To liberal intellectuals, Trump’s rants seem unbearably disgusting, stupid, offensive and dangerous. Trump swears, insults his opponents in crudely sexist and racist terms, and often sounds like a third grader. But over the years, he has inured a large portion of the electorate to this behavior. To them, his behavior is proof that he is willing to break the rules of what he has helped them to view as an entirely corrupt system. The more that the liberals are offended, the better. Liberals who reacted to him with shock, panic and warnings of “fascism,” played directly into his hands.
In 1978, the great French historian François Furet described the French Revolution as a period in which political language came unmoored from the underlying social conditions, and the relationship between the two was temporarily reversed.

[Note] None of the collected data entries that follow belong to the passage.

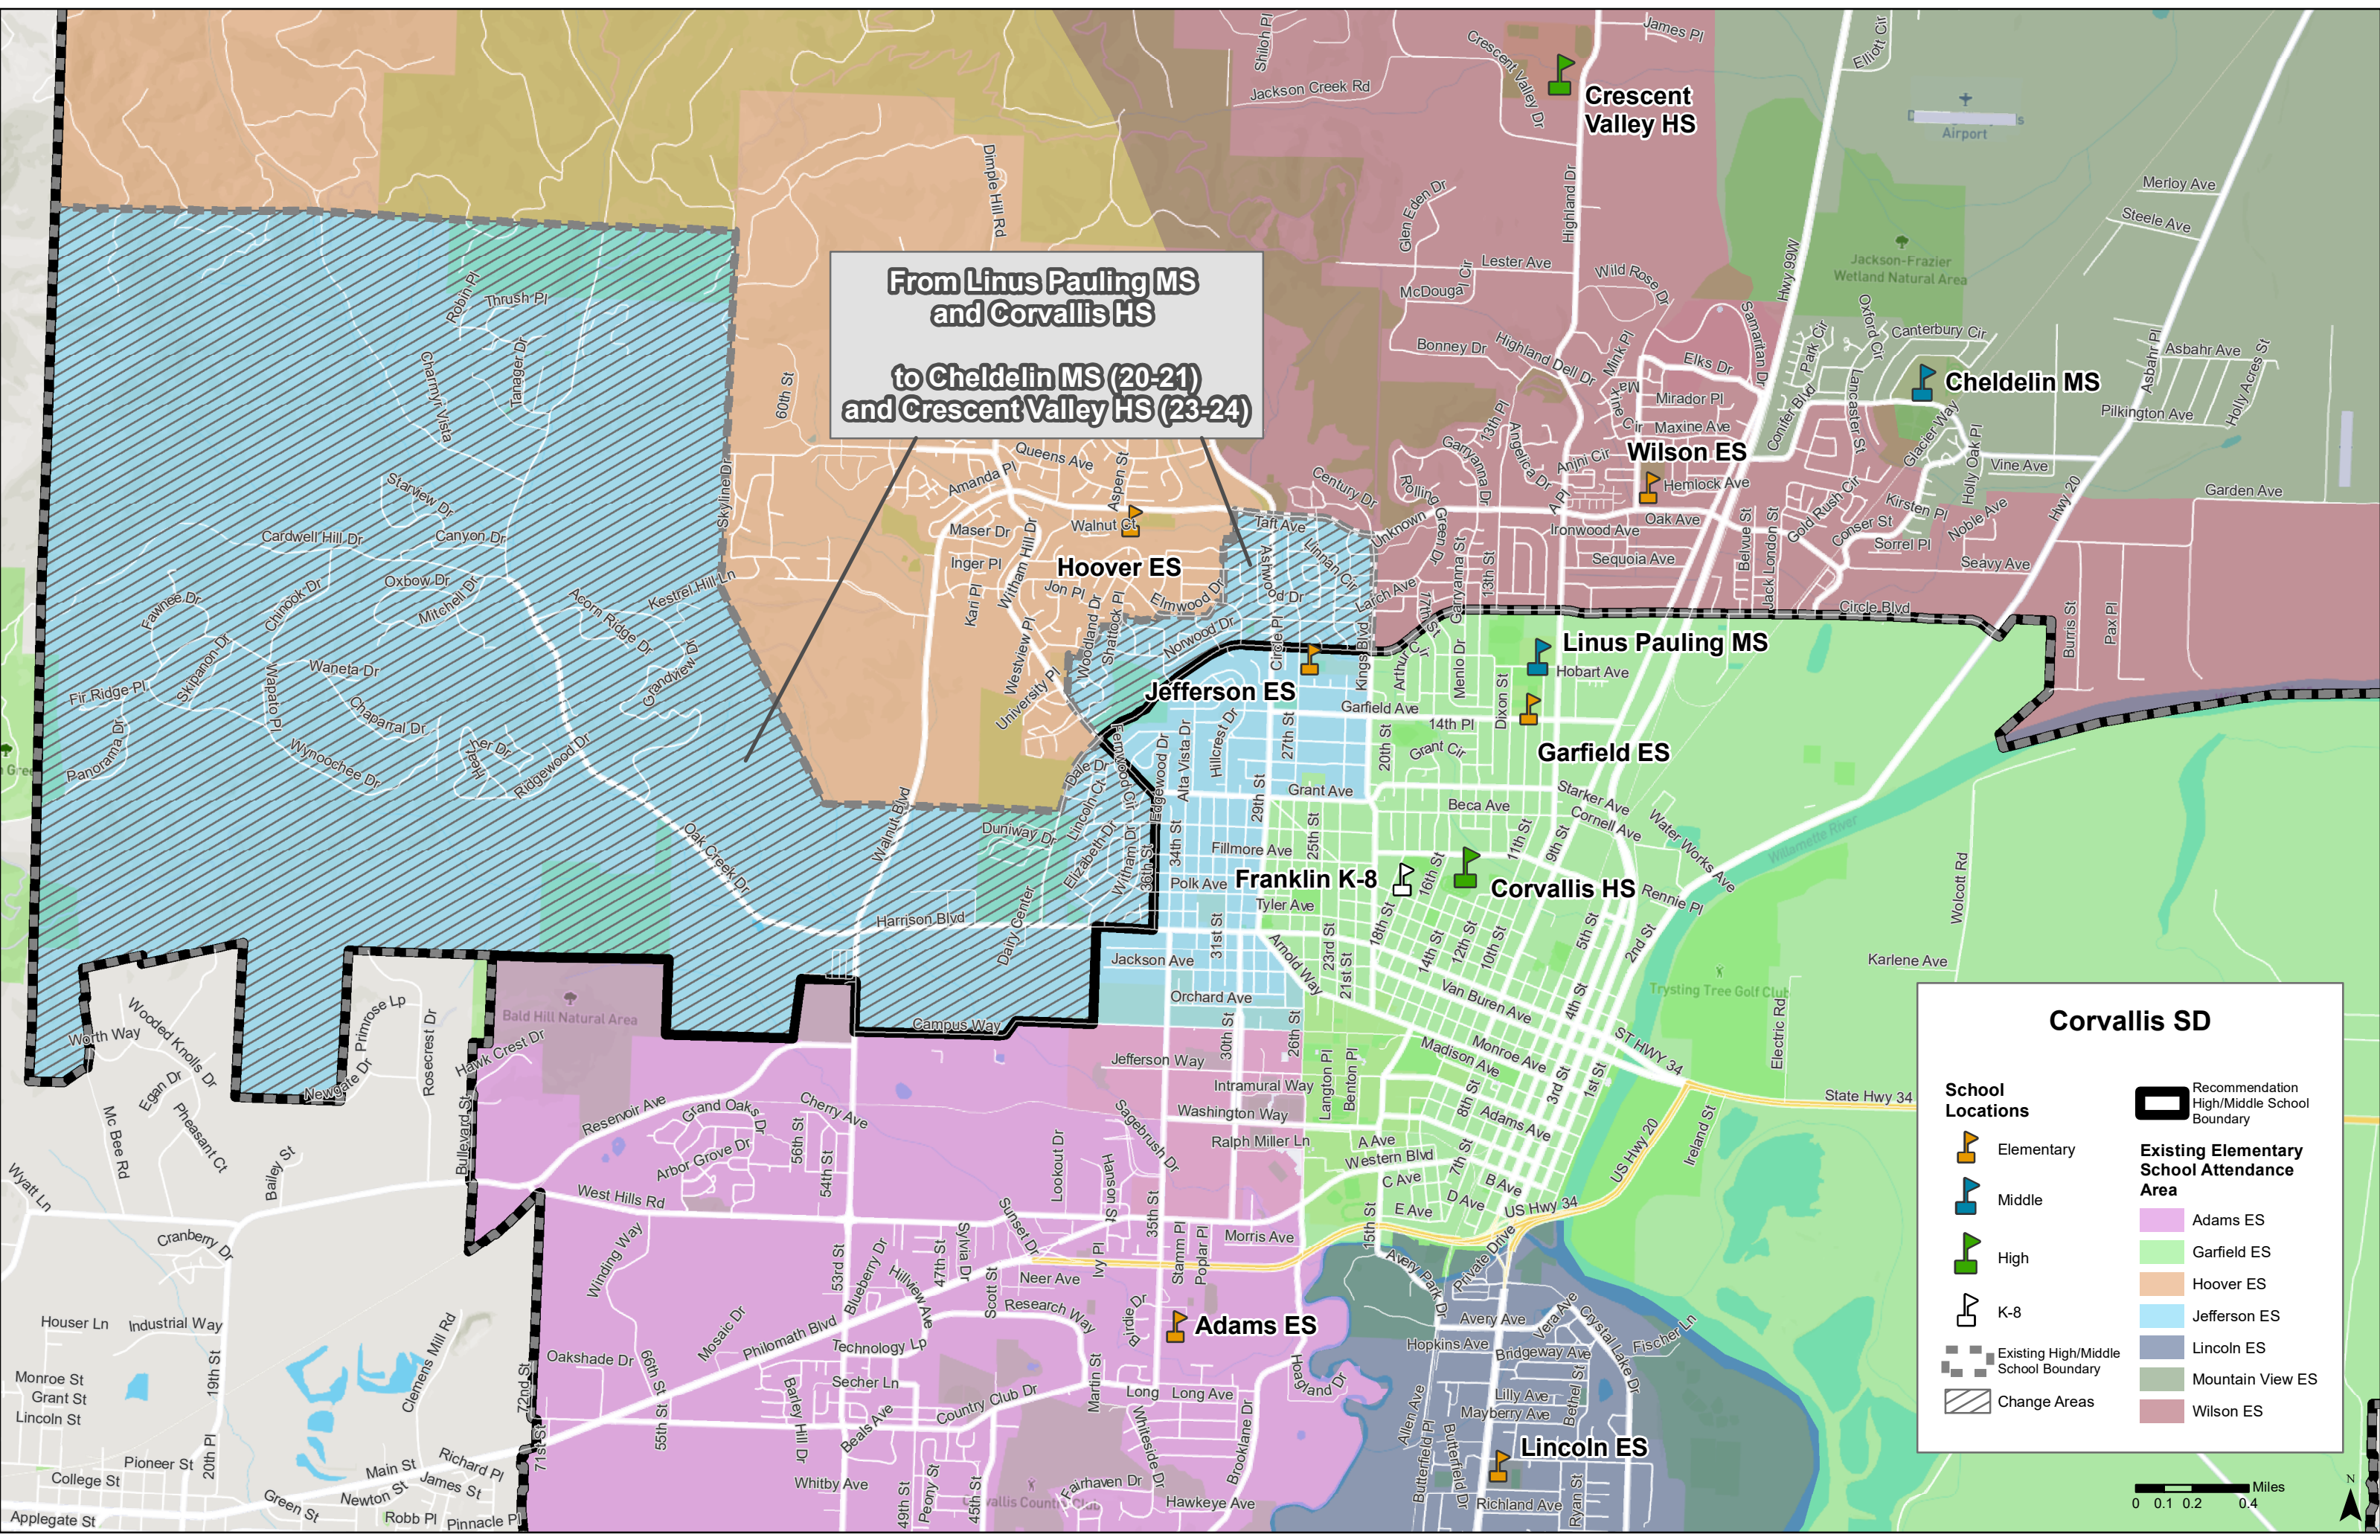

**From Linus Pauling MS
and Corvallis HS**

**to Cheldelin MS (20-21)
and Crescent Valley HS (23-24)**

Corvallis SD

School Locations	Elementary	Recommendation High/Middle School Boundary
Middle	Existing Elementary School Attendance Area	Adams ES
High	Garfield ES	Hoover ES
K-8	Jefferson ES	Lincoln ES
Existing High/Middle School Boundary	Mountain View ES	Wilson ES
Change Areas

The argument was overdone, given that political language and social conditions are in fact inseparable from one another. But Furet was right to highlight the French Revolution as a period when political language developed a particular intensity, and had especially far-reaching effects, both creative and destructive. As the critic Jean-François La Harpe later remarked: “les mots, comme les choses, ont été des monstruosités” (“words, like things, have been monstrosities.”). Since 2004, we have plunged again into a period in which political language has had a particular intensity, and remarkably far-reaching effects. And a result, a monstrosity is about to become, yet again, the most powerful man in the world.